My Life Adventures, Travel Experiences and Reflections

Saturday

Bee Talk

My interest in honey-bees began with the great book..."The Secret Life of Bees" (the movie? not so much) And therein lay the depth of my bee awareness.                                                                                                         
It was not until one summer night, my sweet friend Maryanne casually mentioned that she was about to "buy a couple of bee hives" that I ever really gave much thought to bees.

My first question to her was..."Why?" quickly followed by a .. "You've got to be shitting me". She wasn't. 
I soon learned that my friend just happened to possess a wealth of knowledge on the topic. Who knew? Inspired by a fruitless pumpkin-growing season, she learned that the problem was not the soil, the seeds or the gardener but rather the lack of local bees.

I admit it. I was a "beekeeper profiler"and this is what I had assumed they generally looked like....
 Not this...
Maryanne
After several interesting conversations with my Beekeeping friend, I've learned more about bees than I ever thought possible. For starters...
  • You've got your Bumble, Carpenter, African Killer and Honey Bee amongst thousands of other bee species. Maryanne is 'sticking' to the 'Honey' variety. 
  • Bees make wax, honey and Royal Jelly. Royal Jelly is used in treating Grave's Disease (a disease of the thyroid). It is also known for its anti-inflammatory properties as well.
  • Smoke causes bees to calm down. Always a good thing to remember. Just sayin'.
  • Environmentally speaking... urban areas are in dire need of bees. The numbers have dwindled to critical levels and bees are needed for propagation of plants and vegetables.
  • Honey made in your neighborhood is best for fighting environmental allergies.
  • If a bee is buzzing around you - stay calm and carry on. Flitting your arms, running and screaming really pisses them off. They are probably "drones" and are trying to protect the queen.
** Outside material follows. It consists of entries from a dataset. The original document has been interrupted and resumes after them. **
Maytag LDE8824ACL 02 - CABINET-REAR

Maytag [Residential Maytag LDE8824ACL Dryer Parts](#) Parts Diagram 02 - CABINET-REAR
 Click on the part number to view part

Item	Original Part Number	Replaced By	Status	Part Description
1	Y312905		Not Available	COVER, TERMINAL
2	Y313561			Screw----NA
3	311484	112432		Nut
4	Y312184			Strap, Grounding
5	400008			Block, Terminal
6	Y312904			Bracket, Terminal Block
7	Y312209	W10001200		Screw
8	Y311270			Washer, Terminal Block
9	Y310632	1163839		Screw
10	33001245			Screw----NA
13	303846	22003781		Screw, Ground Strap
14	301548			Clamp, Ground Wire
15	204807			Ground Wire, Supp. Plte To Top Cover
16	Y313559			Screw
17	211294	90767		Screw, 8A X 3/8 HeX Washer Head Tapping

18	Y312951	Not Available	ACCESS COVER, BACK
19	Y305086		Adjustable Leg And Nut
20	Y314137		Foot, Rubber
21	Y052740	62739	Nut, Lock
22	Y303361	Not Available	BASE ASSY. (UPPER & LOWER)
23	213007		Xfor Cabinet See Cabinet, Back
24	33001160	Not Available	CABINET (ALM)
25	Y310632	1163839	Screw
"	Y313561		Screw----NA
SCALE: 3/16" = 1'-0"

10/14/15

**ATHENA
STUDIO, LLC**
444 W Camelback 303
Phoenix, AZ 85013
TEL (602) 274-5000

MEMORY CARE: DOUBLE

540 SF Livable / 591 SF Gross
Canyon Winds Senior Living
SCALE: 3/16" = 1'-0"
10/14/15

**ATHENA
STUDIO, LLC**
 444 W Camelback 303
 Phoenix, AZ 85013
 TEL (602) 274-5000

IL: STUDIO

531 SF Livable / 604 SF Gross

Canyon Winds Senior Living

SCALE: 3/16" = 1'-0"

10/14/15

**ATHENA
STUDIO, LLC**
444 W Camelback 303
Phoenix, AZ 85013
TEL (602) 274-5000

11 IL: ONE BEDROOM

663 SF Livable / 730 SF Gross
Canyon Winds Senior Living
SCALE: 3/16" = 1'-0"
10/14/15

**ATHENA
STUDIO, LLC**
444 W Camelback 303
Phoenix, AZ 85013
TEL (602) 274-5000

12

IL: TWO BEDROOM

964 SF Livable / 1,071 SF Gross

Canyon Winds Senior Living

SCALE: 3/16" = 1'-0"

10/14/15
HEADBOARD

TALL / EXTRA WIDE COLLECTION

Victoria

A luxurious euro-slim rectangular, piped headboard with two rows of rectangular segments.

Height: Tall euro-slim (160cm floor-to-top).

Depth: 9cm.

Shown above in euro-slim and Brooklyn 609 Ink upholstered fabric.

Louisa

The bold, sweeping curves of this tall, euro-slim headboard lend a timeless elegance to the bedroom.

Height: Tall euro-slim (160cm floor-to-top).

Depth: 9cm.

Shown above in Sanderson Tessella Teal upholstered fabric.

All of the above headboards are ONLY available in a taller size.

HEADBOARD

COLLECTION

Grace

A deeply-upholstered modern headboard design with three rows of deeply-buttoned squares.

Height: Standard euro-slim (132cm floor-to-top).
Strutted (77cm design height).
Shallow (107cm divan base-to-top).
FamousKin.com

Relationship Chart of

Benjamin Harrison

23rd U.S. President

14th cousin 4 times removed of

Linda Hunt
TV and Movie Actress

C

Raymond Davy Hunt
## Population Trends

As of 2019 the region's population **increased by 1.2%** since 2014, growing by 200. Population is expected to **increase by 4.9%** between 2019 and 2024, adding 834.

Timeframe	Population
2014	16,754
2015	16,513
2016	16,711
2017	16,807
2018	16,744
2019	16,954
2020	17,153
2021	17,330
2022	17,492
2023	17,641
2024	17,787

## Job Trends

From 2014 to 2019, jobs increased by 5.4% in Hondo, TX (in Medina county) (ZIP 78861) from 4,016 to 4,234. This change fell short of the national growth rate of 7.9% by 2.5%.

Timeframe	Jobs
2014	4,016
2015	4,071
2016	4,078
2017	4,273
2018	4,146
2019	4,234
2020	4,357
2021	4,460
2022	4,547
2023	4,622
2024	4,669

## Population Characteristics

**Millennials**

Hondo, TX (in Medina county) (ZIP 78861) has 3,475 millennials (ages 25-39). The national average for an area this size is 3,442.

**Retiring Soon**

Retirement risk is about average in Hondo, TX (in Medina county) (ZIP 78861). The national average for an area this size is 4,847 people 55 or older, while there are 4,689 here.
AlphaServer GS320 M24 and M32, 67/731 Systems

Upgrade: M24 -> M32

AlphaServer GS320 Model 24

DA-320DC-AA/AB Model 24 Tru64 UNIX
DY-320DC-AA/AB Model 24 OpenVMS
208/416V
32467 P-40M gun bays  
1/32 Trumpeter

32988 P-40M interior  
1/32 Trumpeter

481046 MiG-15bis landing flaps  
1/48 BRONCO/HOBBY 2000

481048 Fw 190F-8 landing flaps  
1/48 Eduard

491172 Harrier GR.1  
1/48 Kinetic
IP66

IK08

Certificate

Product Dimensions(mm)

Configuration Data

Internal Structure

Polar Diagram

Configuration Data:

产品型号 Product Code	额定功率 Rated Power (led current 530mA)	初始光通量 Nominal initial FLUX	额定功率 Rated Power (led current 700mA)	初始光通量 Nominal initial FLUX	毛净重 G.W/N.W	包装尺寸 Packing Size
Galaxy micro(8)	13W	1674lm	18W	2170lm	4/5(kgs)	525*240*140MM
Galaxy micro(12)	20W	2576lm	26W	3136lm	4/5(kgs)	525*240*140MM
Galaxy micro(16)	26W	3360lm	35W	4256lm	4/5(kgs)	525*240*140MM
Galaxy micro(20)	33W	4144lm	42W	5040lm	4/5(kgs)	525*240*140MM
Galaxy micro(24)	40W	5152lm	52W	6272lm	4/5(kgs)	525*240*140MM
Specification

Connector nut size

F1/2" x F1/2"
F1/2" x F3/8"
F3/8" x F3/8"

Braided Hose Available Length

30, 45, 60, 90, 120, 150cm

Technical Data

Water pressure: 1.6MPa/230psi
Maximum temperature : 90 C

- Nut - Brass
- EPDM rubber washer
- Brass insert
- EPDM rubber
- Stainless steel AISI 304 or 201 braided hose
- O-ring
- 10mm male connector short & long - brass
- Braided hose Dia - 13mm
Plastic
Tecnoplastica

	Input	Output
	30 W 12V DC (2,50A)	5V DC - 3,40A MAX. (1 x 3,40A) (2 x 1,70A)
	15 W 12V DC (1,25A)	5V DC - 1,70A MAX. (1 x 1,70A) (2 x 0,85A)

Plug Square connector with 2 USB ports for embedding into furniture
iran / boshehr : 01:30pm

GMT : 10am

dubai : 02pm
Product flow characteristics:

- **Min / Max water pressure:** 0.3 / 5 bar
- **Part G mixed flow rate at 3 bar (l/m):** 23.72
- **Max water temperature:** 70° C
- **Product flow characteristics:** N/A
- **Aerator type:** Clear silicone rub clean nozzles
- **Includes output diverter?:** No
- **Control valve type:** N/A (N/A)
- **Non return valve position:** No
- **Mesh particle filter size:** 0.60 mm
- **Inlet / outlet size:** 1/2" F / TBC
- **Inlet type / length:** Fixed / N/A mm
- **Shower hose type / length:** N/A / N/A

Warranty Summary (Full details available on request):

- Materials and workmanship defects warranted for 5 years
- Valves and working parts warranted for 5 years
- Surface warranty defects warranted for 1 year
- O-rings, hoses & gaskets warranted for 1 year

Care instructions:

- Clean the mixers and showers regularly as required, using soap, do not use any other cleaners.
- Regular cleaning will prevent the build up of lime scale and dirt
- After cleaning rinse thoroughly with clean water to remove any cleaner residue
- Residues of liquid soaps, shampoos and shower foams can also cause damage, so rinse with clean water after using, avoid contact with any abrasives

They are not out to get you.
  • Bee Venom Therapy (BVT) is being used to help those with Multiple Sclerosis
  • Bees are our friends.
Treatment for Bee Stings:
  1. Remove the stinger carefully. Try to scrape it off with a credit card or something similiar. The reason for this is so that you don't squeeze more bee venom into you by pinching the stinger to remove it.
  2. Wash as soon as possible with soap and water.
  3. Ice, Tylenol and/or Motrin may help with pain.
  4. Benadryl can help with localized swelling and inflammation
  5. Word on the street is that some people have found a paste of vinegar mixed with baking powder helps with the pain and that meat tenderizer breaks down the bee venom thereby decreasing pain.
  • If you have any other type of response other than localized pain and swelling at the site - go to an Emergency Room. Difficulty breathing, swelling of lips, eyes, face are all indicators of a potential life threatening allergic reaction.

So there you have it. A little summertime Bee Talk. Have you any bee 'pointers'?